• **Your assignment**
Send back the data below exactly. Drop every picture.

****************

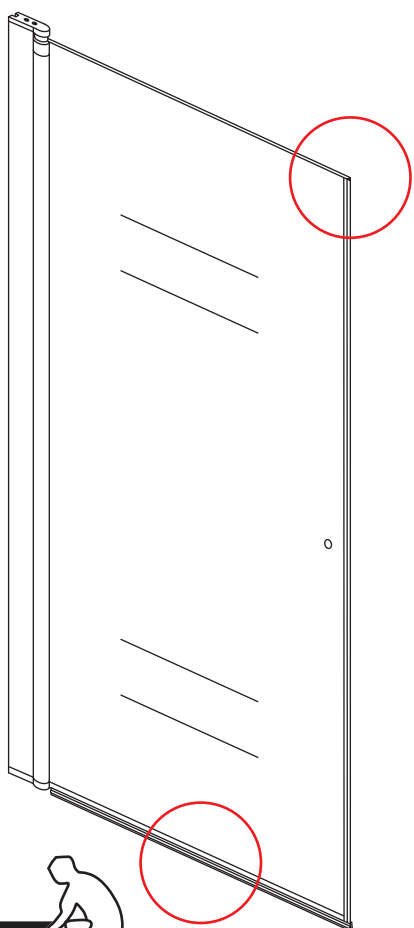

INSTALLATIE VOORSCHRIFT

Nisdeur met NANO behandeld glas

800x2020mm
(780-820) x2020mm

Zonder NANO

NANO

beide zijden NANO behandeld

beide zijden NANO behandeld

NANO garantie: 5 jaar bij normaal gebruik
LET OP: gebruik geen grove scherpe voorwerpen, zoals schuursponsjes of staalwol om het glas schoon te maken.

1

3

5

**Voorzie alleen de
buitenzijde van de
cabine van siliconenkit.**
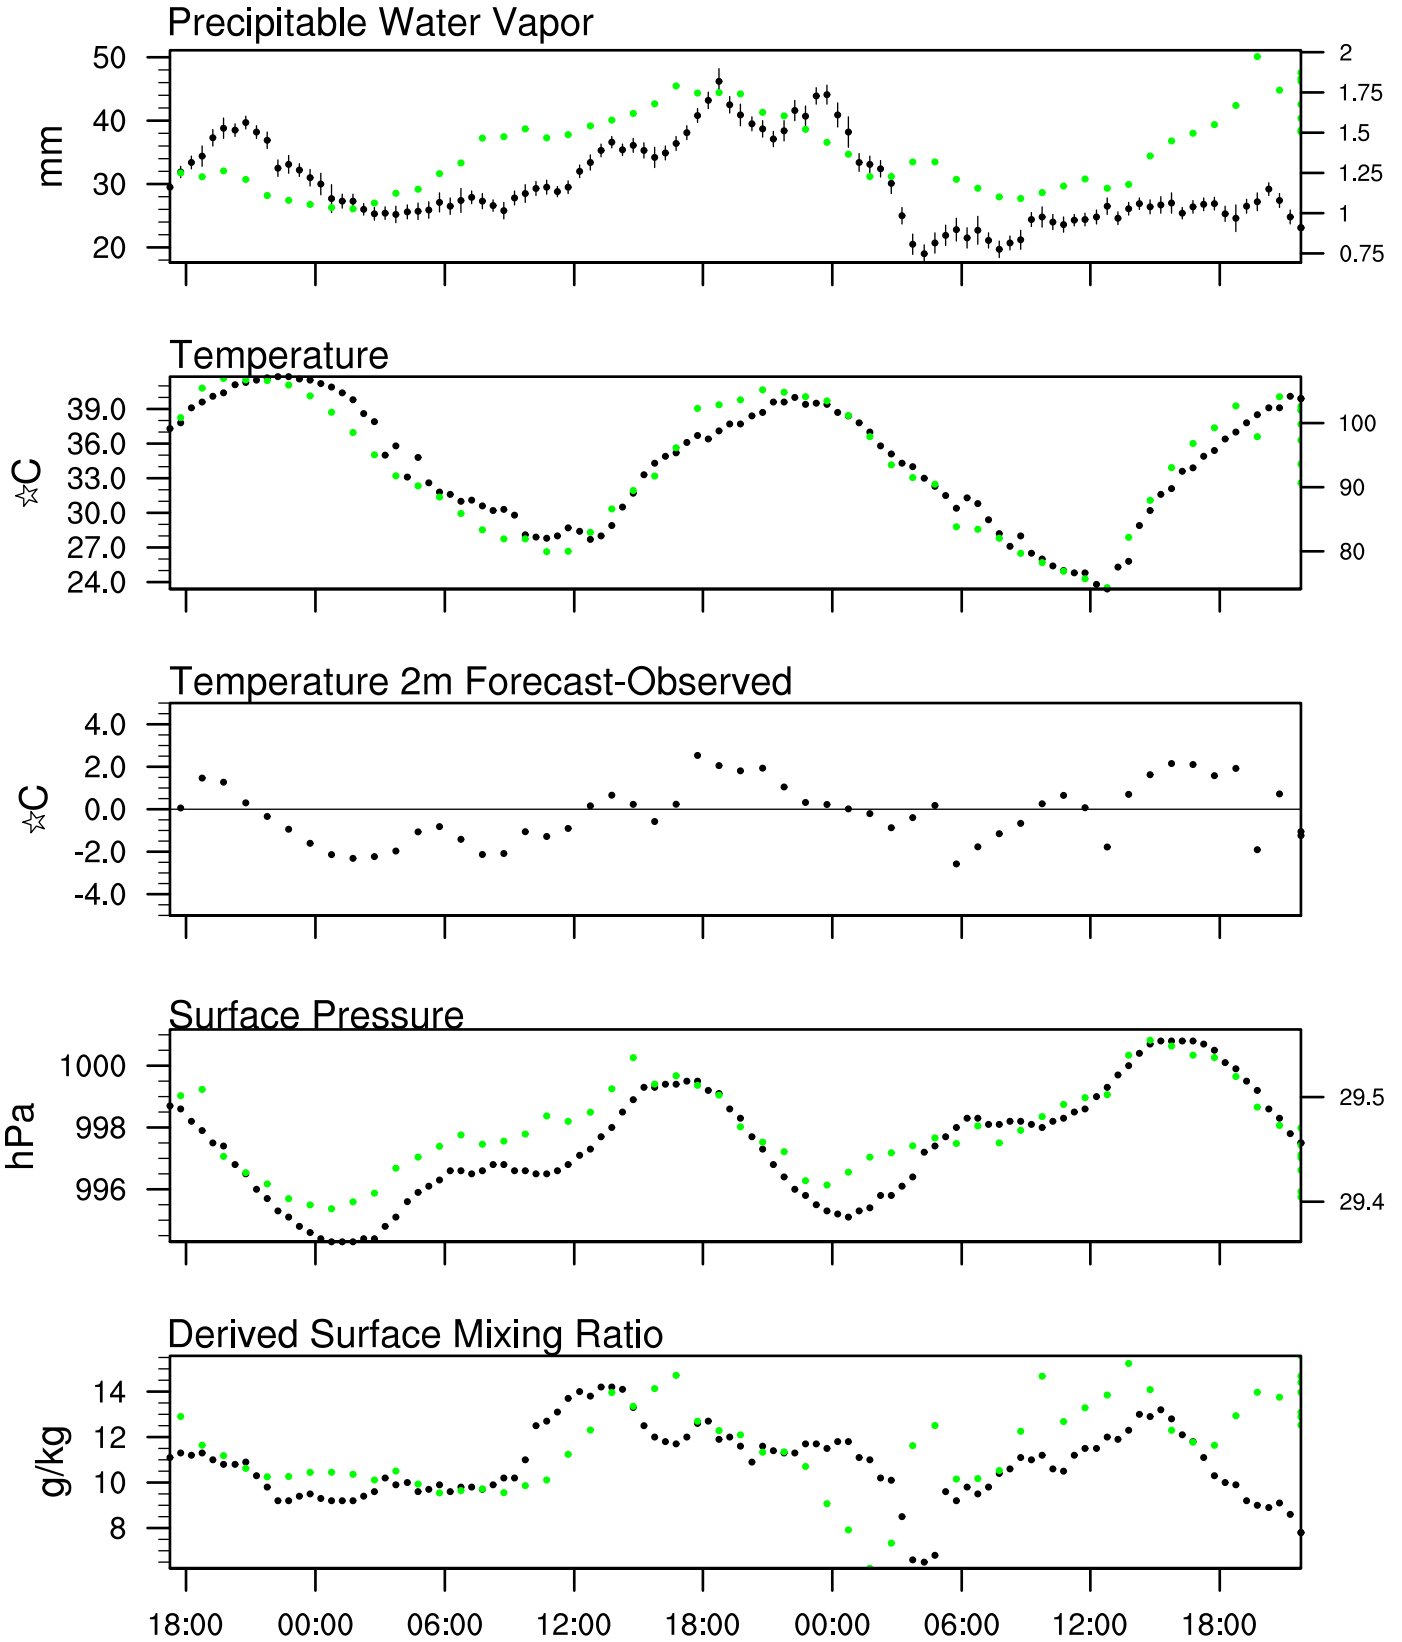

# Roll, AZ 22Jul 2020 17Z

Plcl=753 Tlcl[C]=13 Shox=2 Pwat[cm]=3 Cape[J]= 2477

****************

• **Answer for the task**
INSTALLATIE VOORSCHRIFT

Nisdeur met NANO behandeld glas

800x2020mm
(780-820) x2020mm

Zonder NANO

NANO

beide zijden NANO behandeld

beide zijden NANO behandeld

NANO garantie: 5 jaar bij normaal gebruik
LET OP: gebruik geen grove scherpe voorwerpen, zoals schuursponsjes of staalwol om het glas schoon te maken.

1

3

5

**Voorzie alleen de
buitenzijde van de
cabine van siliconenkit.**

# Roll, AZ 22Jul 2020 17Z

Plcl=753 Tlcl[C]=13 Shox=2 Pwat[cm]=3 Cape[J]= 2477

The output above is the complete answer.